Sucedió con El señor de los anillos, la saga del Batman de Christopher Nolan y la trilogía de Wolverine. La expectativa alcanzó cuotas tan altas que, en algunos casos, la decepción y, por qué no, la caída fue muy dura. En otros, se trató de epílogos que redondearon, casi a la perfección, historias que con el paso del tiempo se convertirán en clásicos del cine fantástico, de ciencia ficción o de superhéroes. En cambio, El planeta de los simios: la guerra (2017) tiene un poco de ambos panoramas: ni decepciona, ni llega a consolidarse.
Esta película cierra la reciente trilogía que se inició en el 2011 con El planeta de los simios: (R)Evolución dirigida por Rupert Wyatt y que tuvo un interludio hace tres años con El amanecer del planeta de los simios, a cargo Matt Reeves. El capítulo final, nuevamente bajo la realización de Reeves, es la entrega mejor fabricada de la franquicia: una cinta que se rige a los estándares que más gustan a Hollywood, una mezcla ideal de entretenimiento -acción, comedia y dramatismo- con cierta cuota de intelectualidad apoyada en superficiales cuestiones antropológicas. Lo fastuoso del blockbuster tiene como bastión central al trabajo digital y a la hipermanipulada labor de postproducción que, en algunos pasajes, le restan credibilidad a la historia.

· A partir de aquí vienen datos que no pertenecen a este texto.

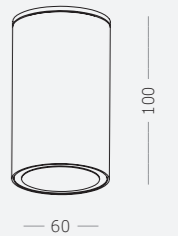

9.

10.

7.
SL9006.402.01
черный

8.
SL9006.702.01
серый

GX53
9 W

9.
SL9010.412.01
черный

10.
SL9010.712.01
черный

GU10
50 W
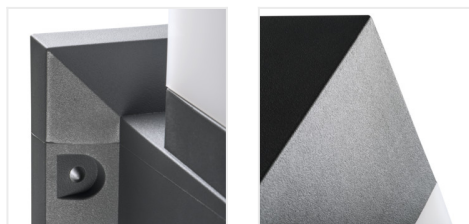

Corp de iluminat architectural cu sursă de lumină înlocuibilă

INVO OP 77-L-GR

| | | | | | | |
|--------------------|--------------|--------|-------------|-----|--------|----------------------------|
| INVO OP EL-53-L-GR | 29170 | max 20 | GLS/CFL/LED | E27 | grafit | pentru montare pe perete |
| INVO OP 47-L-GR | 29171 | max 20 | GLS/CFL/LED | E27 | grafit | pentru montare pe substrat |
| INVO OP 77-L-GR | 29172 | max 20 | GLS/CFL/LED | E27 | grafit | pentru montare pe substrat |
| INVO OP 107-L-GR | 29173 | max 20 | GLS/CFL/LED | E27 | grafit | pentru montare pe substrat |

Kanlux INVO OP este o serie de corpuri de iluminat arhitecturale externe. Întreaga familie este alcătuită din stâlpi și un corp de iluminat pentru fațadă. În corpurile de iluminat Kanlux Invo puteți aplica culoarea preferată a luminii, deoarece sunt adaptate pentru surse detașabile cu baza E27.

- Abajur opal
- Materialul carcasei: material din plastic
- Materialul abajurului: material din plastic

INVO OP

Corp de iluminat architectural cu sursă de lumină înlocuibilă

INVO OP EL-53-L-GR

INVO OP 47-L-GR
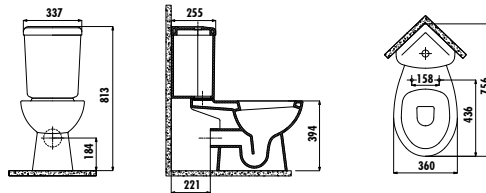

SD310-00CB00E-0000	Sedef Arkadan Çıkışlı Klozet
SD440-00CB00E-0000	Sedef Köşe Rezervuar
KC0703.01.0000E	Çınar Duroplast Yavaş Kapanan Beyaz Klozet Kapağı

Palet Adedi: Klozet 15 • Rezervuar 55 • Koli Adedi: Klozet Kapağı 10 Ürün Ağırlığı: Klozet 22,05 kg • Rezervuar 11,87 kg • Klozet Kapağı 2,85 kg
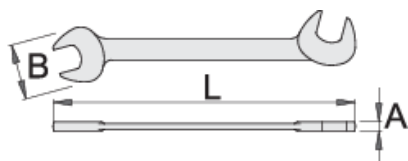

Chei fixe duble mici pentru ELECTRIC

114/2

Profile

Premium 

Caracteristicile produsului

- material: otel carbon de scule
- capul cheii este tratat in intregime
- acoperire cromare conform ISO 1456:2009

		L	B	A		
618625	4	75	10.5	2	2	
618628	5.5	85	12.2	2	4	
618629	6	85	12.5	2	4	
618633	10	110	21	3	18	
618635	12	125	24	3	30	

* Imaginea produsului este simbolica. Toate dimensiunile sunt exprimate în mm, greutatea în grame.

Safety (pictures)
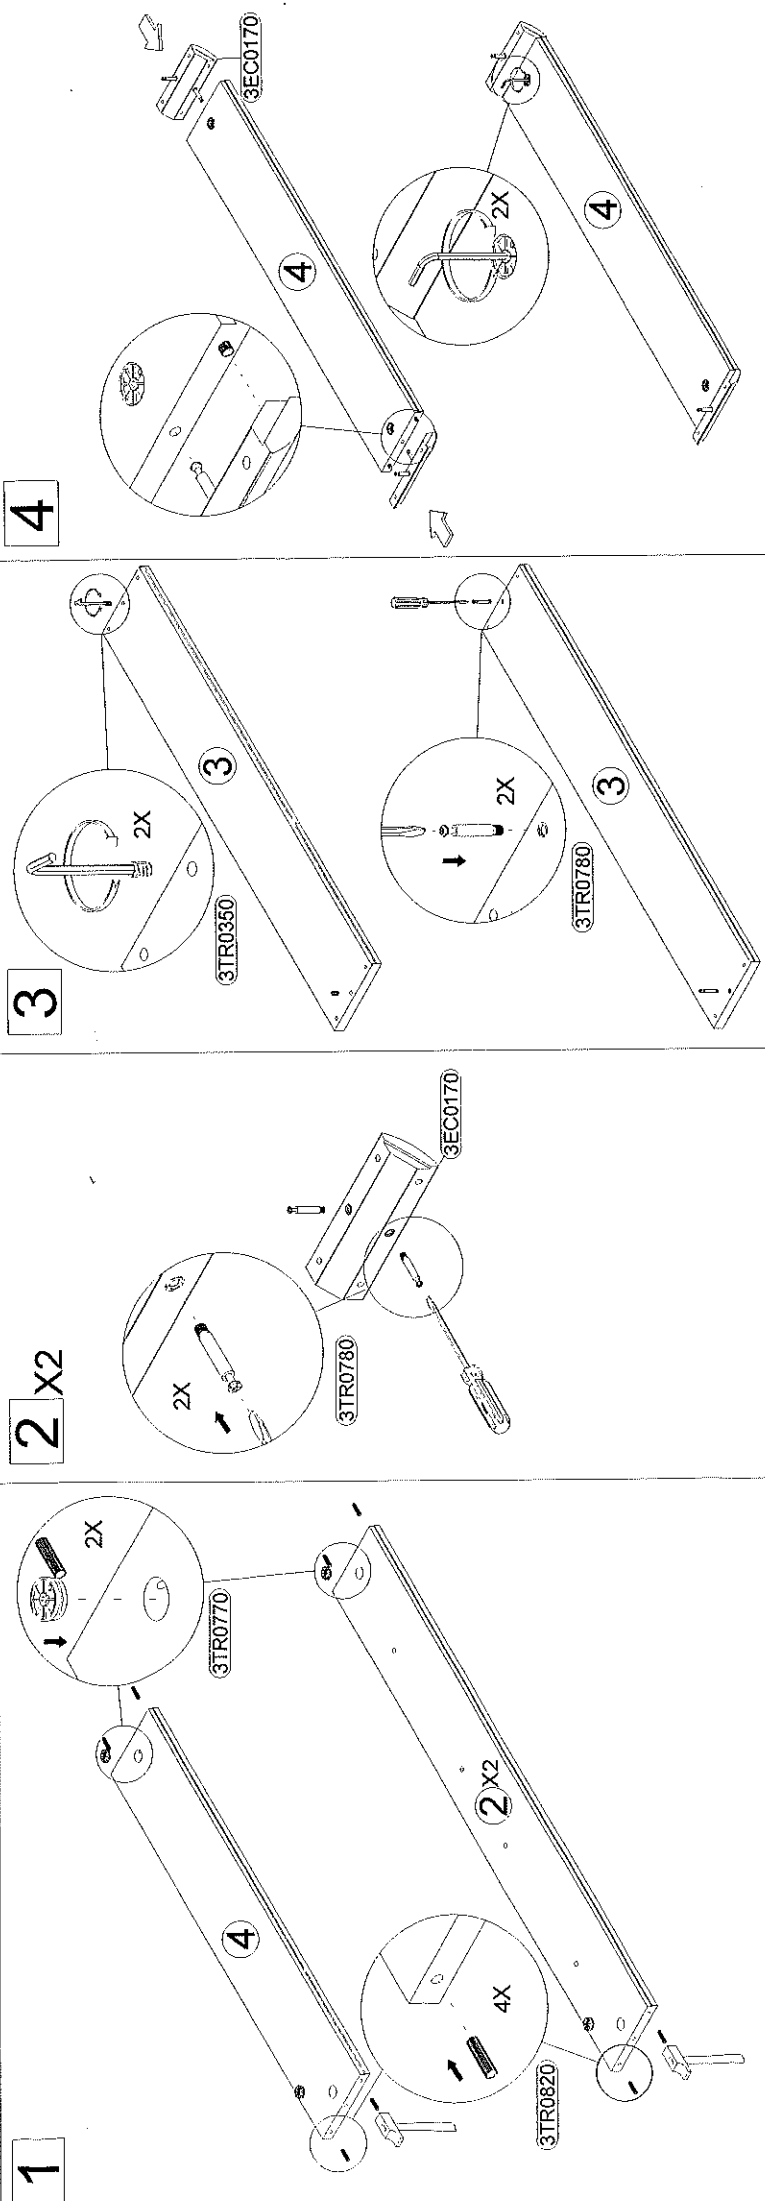

# 3PMK007

CANAPÉ NUIT

REF.	CONTENIDO	CANTIDAD	REF.	CONTENIDO	CANTIDAD
3TR0770		6	3TR0350		6
3TR0780		6	3TR0830		4
3TR0790		17	3TR0840		4
3TR0800		39	3TR0850		4
3TR0810		2	3TR0860		6
3TR0820		12	3EC0170		2
6CANE0180		1	3TBNE0150		1
6CANE0140		1	6LGNE0110		2
3TR0880		1			

1

2 X2

3

4

6

7

8

9

10

3TR0850
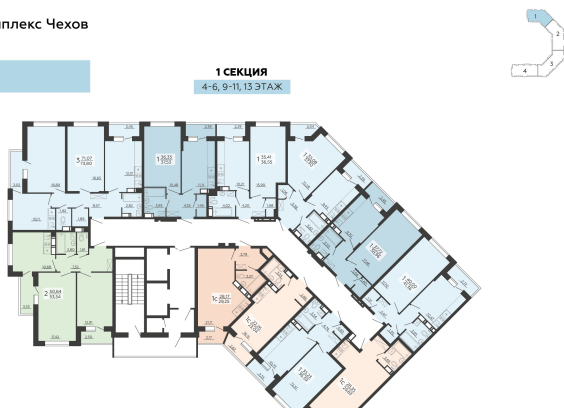

<https://rzv.ru/choice-flat/flat-6891929/>

г. Воронеж, г. Воронеж, ул. Богдана

Хмельницкого, 45а

№ квартиры: 87

Этаж: 9

Площадь: 73.8 кв. м.

Стоимость м2: 110 900

Стоимость: 8 184 420

Действительно на: 23.02.2025

Расположение на этаже

Жилой комплекс Чехов

Квартиры

Расположение на генплане
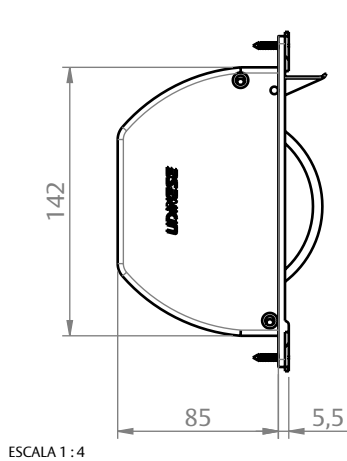

RECOLHEDOR 8155/40

CARACTERÍSTICAS

CODIFICAÇÃO		
COR	CÓDIGO	CATÁLOGO
BCO/CZA	9901492	REC8155/40EB-CZ
BCO/PRT	9901493	REC8155/40EB-CP
PRT/PRT	9901491	REC8155/40EP-CP

OBSERVAÇÕES:

- COMPRIMENTO DA CINTA: 8,50m;
- ALTURA MÁXIMA: 2,50m;
- CALÇO E ADAPTADORES PARA TUBO DE 60mm VENDIDOS SEPARADAMENTE.

COMPOSIÇÃO/CARACTERÍSTICAS:

- CAIXA DO RECOLHEDOR, ESPELHO, MANCAL E PONTEIAS: POLÍMERO;
- CALÇO: ALUMÍNIO;
- PARAFUSOS: AÇO INOX.

PONTEIRA OCT40

PONTEIRA COM FURO

POLIA COM REDUTOR

USINAGEM

CAIXA DO RECOLHEDOR

ESPELHO

PERSIANAS

UDINESE
ASSA ABLOY

RECOLHEDOR 8155/40

OBSERVAÇÕES:

- PARA A MONTAGEM COM O TUBO OCTAGONAL DE 40mm, SEGUIR A MESMA ORDEM DE MONTAGEM DESCONSIDERANDO OS ADAPTADORES PARA TUBO DE 60mm.

ESCALA 1 : 5

Reeves enfrenta el reto de volver a mostrar la disputa entre humanos y simios desde la trillada mirada de la involución del hombre y la evolución animal. Sin embargo, lo atractivo del punto de vista del director es la concepción del “otro”. Ya sea desde la óptica de César (Andy Serkis) -líder de los simios- o del Coronel (Woody Harrelson) -paranoico y cruel militar-, el “otro” es una abstracción a la que se teme. Todorov diría: “como una instancia de la configuración psíquica de todo individuo en relación al yo; o bien un grupo social concreto al que nosotros no pertenecemos”.
Esa evidente y mutua falta de identificación lleva a la desconfianza para implantar la semilla del alejamiento, en el caso de César, y el de la conquista, a costa del Coronel. La cuestión del “otro” también ayuda a reflexionar sobre los signos, la interpretación de los mismos y la manera de comunicarse que tienen las dos especies. La pandemia mortal, la pelea entre humanos o los lazos consanguíneos solo son excusas que se desarrollan de manera insulsa desperdiciando un camino que sí se aprecia mejor en otras cintas como, por ejemplo, La llegada (Denis Villeneuve, 2016).
Por otro lado, la construcción psicológica del protagonista es el punto más fuerte de su película a nivel de personajes. La actitud mesiánica que se atribuye César al conducir a su pueblo hacia la tierra prometida se interrumpe constantemente por una obsesión que lo domina y lo traiciona: la venganza. Antes que aliviarse por la pérdida de sus seres queridos, el líder de los simios busca destruir a toda costa al causante del dolor, el Coronel. El odio, un sentimiento tan humano y milenario como el amor, recorre las acciones de César y hace que nos solidaricemos con su condición de primate evolucionado a través de una serie de efectismos que a la larga le restan solidez a la historia.
Se entiende la focalización del dolor, la tristeza y la injusticia en escenas claves, pero el abuso de los elementos sonoros y algunas referencias nada asolapadas a las persecuciones a las minorías étnicas durante la Segunda Guerra Mundial, hacen que los momentos melodramáticos saturen el eje argumental de la película: la sobrevivencia. El planeta de los simios: la guerra no sobresale, aunque sí tiene un encanto que se desgasta conforme avanza debido a la sencillez de su tratamiento.